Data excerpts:
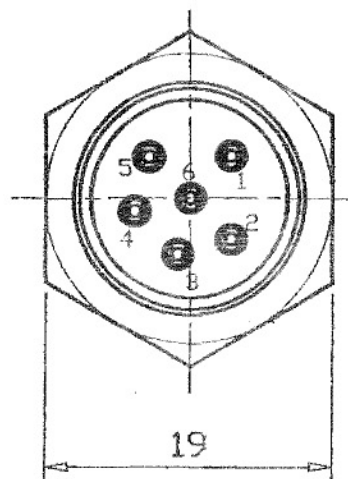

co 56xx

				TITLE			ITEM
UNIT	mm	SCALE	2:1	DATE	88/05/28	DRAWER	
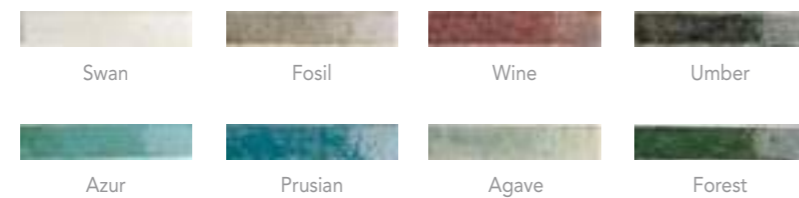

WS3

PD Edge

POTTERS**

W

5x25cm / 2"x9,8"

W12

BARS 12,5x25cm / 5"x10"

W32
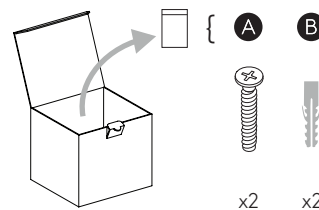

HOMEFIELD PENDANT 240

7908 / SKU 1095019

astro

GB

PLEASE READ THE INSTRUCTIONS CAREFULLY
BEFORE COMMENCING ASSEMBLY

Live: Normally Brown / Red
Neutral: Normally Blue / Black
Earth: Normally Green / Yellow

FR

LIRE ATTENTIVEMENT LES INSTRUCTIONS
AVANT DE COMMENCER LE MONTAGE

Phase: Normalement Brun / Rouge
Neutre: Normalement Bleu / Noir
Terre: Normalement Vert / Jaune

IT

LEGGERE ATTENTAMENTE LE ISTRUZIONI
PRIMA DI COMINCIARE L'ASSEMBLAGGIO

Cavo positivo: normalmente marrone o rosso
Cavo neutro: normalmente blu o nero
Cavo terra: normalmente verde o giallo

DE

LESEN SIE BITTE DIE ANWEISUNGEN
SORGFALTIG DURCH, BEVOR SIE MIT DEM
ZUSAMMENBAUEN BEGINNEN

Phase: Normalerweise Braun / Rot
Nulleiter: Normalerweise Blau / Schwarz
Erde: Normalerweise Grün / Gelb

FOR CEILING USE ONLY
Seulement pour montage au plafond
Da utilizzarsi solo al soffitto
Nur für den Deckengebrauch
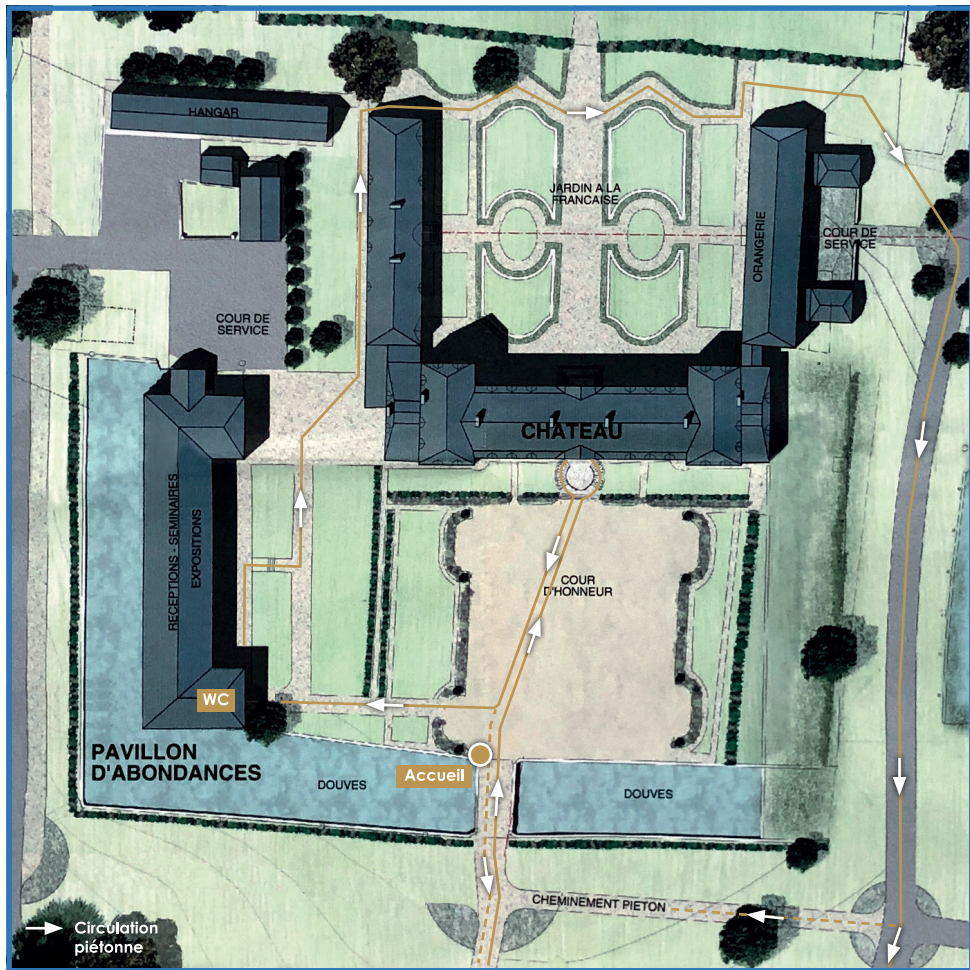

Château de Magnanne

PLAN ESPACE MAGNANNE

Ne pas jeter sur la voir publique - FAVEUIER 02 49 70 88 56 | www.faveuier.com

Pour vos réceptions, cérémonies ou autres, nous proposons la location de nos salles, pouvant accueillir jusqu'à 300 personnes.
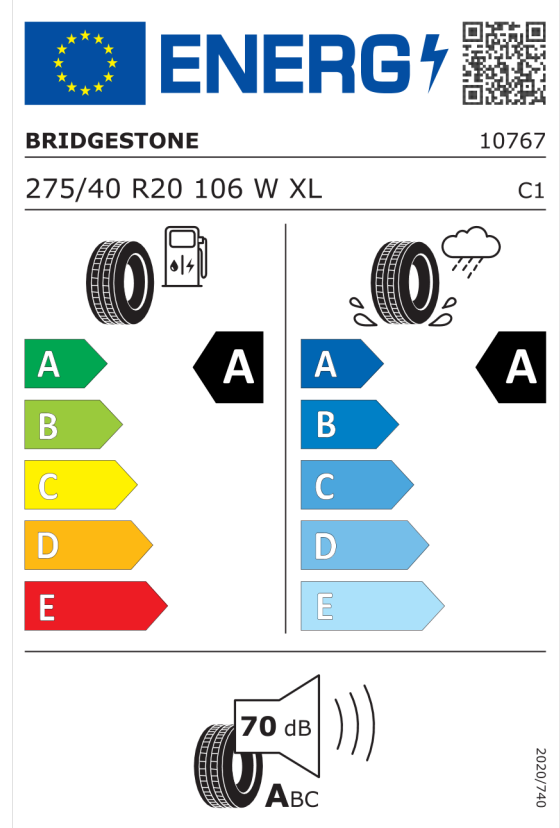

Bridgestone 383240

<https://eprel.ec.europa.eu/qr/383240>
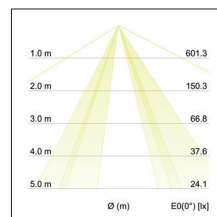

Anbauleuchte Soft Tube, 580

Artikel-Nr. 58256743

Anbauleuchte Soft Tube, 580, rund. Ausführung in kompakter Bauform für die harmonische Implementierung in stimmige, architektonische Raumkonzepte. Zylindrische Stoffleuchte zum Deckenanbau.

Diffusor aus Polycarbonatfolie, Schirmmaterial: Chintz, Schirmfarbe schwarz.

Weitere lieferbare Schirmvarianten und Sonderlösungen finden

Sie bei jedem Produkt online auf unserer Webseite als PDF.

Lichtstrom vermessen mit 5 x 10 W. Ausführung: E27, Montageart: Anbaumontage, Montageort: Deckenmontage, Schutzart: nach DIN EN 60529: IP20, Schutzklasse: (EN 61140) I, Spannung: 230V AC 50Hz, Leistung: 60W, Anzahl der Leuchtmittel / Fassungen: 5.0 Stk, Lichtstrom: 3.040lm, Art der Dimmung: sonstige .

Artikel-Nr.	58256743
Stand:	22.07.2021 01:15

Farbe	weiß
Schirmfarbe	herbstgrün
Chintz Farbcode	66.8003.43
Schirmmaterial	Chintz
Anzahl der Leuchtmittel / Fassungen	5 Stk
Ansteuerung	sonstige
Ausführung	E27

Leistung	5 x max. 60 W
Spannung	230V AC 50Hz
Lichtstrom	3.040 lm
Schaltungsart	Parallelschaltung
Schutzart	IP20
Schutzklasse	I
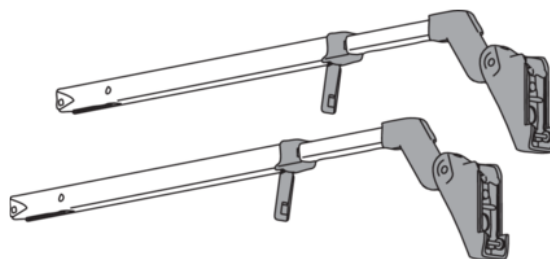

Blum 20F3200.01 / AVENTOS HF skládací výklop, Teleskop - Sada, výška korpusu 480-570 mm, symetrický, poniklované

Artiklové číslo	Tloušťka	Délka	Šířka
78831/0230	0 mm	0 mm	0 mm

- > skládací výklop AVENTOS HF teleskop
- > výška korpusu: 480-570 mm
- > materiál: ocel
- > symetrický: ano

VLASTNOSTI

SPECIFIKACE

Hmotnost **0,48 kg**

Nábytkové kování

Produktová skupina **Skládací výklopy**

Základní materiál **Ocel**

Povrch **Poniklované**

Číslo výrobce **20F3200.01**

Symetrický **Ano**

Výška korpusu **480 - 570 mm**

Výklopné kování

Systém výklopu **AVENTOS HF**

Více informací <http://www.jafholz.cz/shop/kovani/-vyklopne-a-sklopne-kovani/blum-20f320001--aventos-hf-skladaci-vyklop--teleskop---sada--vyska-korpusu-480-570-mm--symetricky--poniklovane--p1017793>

==

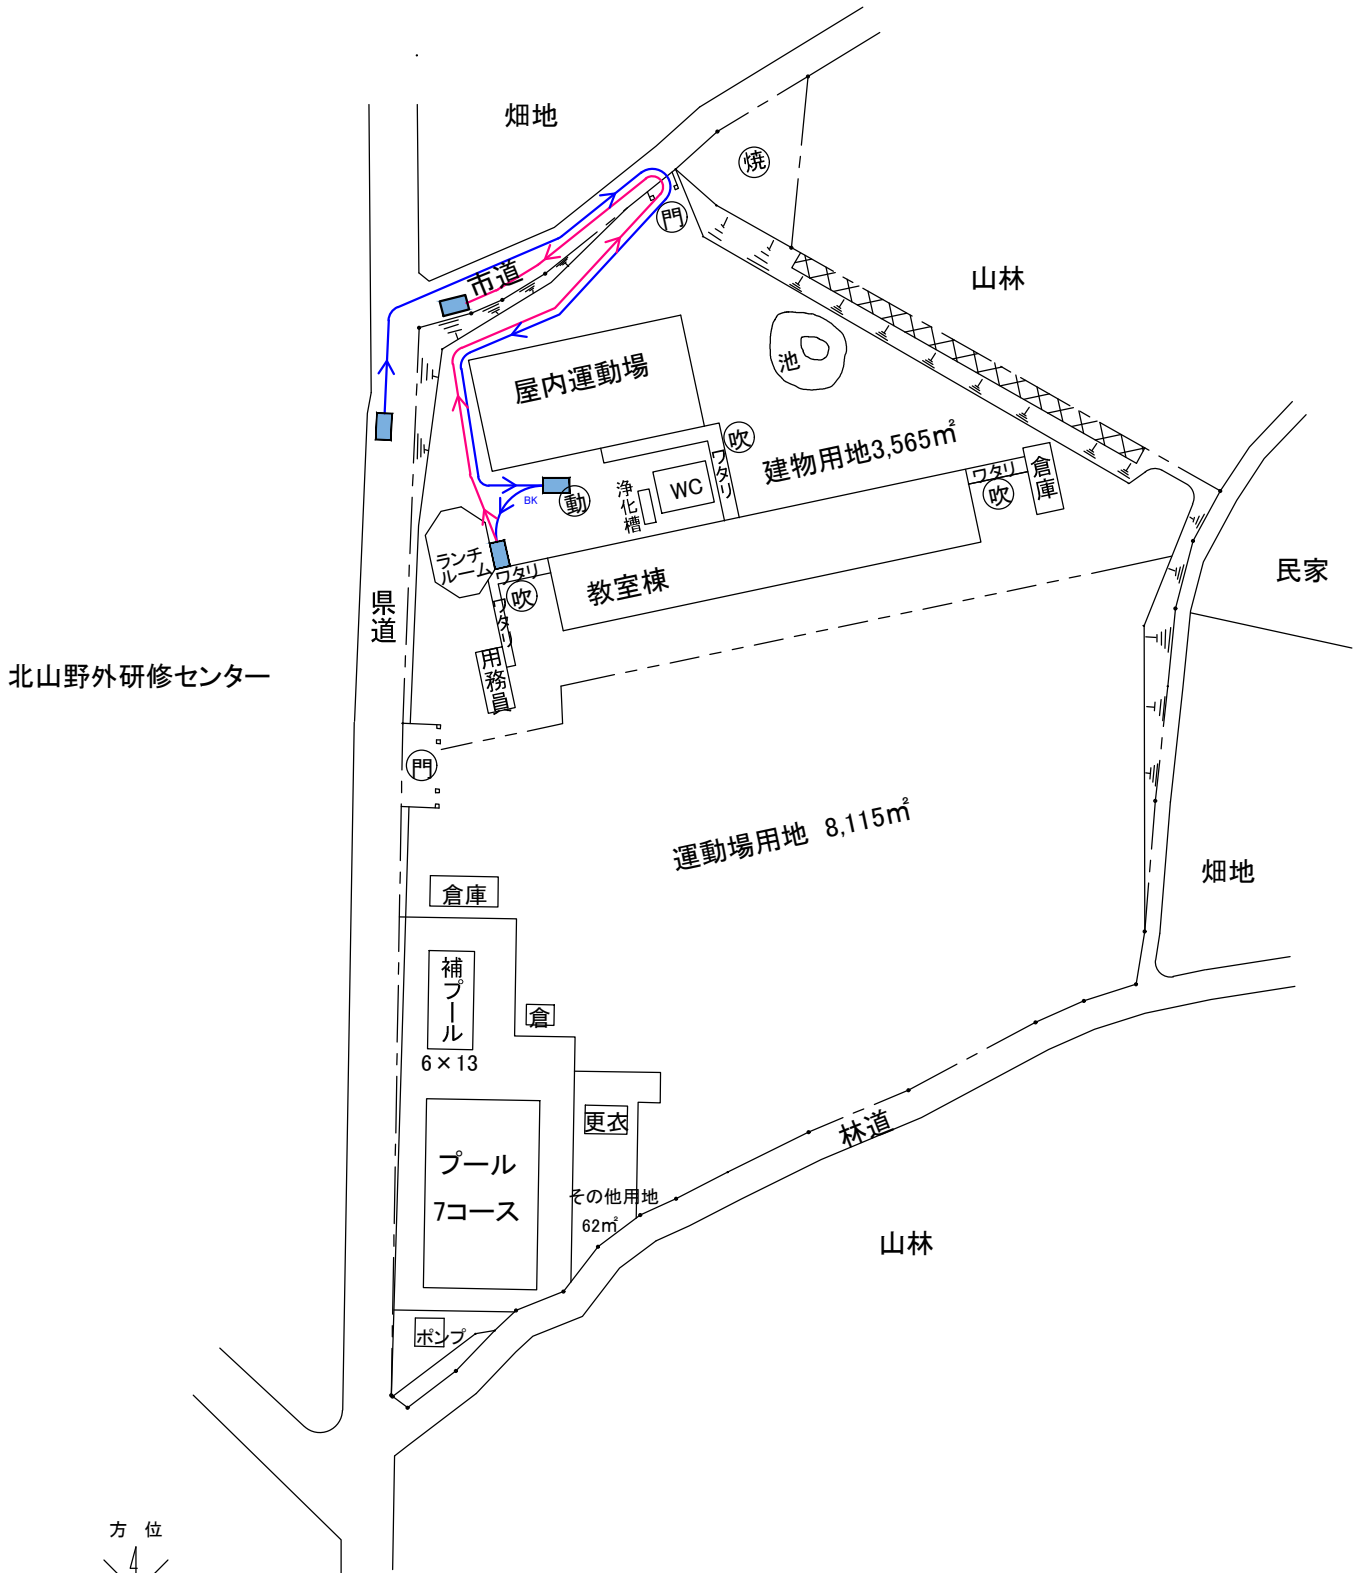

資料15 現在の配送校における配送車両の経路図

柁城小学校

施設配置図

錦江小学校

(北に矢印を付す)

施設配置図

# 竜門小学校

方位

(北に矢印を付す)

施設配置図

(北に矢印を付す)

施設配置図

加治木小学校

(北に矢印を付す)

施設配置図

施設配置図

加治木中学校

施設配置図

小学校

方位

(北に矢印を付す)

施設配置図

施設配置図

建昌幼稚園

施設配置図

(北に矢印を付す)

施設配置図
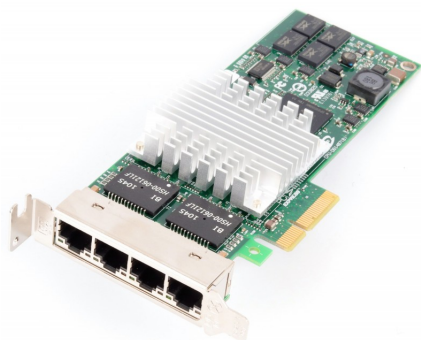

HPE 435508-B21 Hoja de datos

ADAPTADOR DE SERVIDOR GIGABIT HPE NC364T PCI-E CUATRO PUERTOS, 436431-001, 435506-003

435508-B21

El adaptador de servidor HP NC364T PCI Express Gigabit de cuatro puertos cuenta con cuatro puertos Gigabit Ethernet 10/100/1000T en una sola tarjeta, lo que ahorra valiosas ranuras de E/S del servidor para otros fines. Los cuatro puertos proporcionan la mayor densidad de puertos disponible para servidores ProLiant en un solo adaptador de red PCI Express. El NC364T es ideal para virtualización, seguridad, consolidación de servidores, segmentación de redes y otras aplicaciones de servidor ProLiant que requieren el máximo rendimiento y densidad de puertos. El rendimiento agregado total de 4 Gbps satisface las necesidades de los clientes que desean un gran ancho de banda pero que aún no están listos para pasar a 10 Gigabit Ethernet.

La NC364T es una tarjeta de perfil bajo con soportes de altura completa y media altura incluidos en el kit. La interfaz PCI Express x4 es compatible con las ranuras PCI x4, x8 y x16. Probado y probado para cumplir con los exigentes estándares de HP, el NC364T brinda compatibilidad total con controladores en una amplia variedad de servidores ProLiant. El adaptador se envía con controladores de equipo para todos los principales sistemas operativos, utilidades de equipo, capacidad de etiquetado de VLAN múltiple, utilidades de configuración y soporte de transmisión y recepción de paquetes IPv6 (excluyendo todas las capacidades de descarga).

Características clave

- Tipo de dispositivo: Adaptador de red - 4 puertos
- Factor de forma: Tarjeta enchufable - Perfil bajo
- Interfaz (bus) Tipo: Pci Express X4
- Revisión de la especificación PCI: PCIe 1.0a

==

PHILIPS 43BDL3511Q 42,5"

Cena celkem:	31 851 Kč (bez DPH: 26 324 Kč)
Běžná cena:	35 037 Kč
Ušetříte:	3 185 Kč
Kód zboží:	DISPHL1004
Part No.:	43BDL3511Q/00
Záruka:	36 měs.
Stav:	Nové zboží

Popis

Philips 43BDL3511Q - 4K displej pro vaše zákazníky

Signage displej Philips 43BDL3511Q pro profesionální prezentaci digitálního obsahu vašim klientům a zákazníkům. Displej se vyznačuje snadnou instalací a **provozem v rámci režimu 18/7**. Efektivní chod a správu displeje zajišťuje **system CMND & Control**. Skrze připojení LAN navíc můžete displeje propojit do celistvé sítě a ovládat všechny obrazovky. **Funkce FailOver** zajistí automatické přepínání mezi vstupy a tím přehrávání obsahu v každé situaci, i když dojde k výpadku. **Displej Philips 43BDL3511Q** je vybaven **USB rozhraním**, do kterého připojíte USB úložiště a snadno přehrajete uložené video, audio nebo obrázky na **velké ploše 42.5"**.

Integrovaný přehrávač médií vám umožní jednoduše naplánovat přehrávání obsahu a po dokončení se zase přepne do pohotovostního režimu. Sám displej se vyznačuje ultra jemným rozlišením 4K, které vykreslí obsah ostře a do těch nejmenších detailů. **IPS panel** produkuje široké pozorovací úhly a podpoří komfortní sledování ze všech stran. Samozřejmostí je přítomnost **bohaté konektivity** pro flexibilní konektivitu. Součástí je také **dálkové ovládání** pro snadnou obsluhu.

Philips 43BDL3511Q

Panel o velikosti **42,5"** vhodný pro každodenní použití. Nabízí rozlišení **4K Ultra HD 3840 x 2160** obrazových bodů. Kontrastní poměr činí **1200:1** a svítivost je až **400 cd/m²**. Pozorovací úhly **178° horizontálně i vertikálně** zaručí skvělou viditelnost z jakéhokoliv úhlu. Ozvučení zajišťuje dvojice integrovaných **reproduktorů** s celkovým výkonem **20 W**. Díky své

» Problem to solve: In which lines of the records does the word "sonstige" appear? Copy each of them.

» Answer section:
Lichtstrom vermessen mit 5 x 10 W. Ausführung: E27, Montageart: Anbaumontage, Montageort: Deckenmontage, Schutzart: nach DIN EN 60529: IP20, Schutzklasse: (EN 61140) I, Spannung: 230V AC 50Hz, Leistung: 60W, Anzahl der Leuchtmittel / Fassungen: 5.0 Stk, Lichtstrom: 3.040lm, Art der Dimmung: sonstige .
Ansteuerung	sonstige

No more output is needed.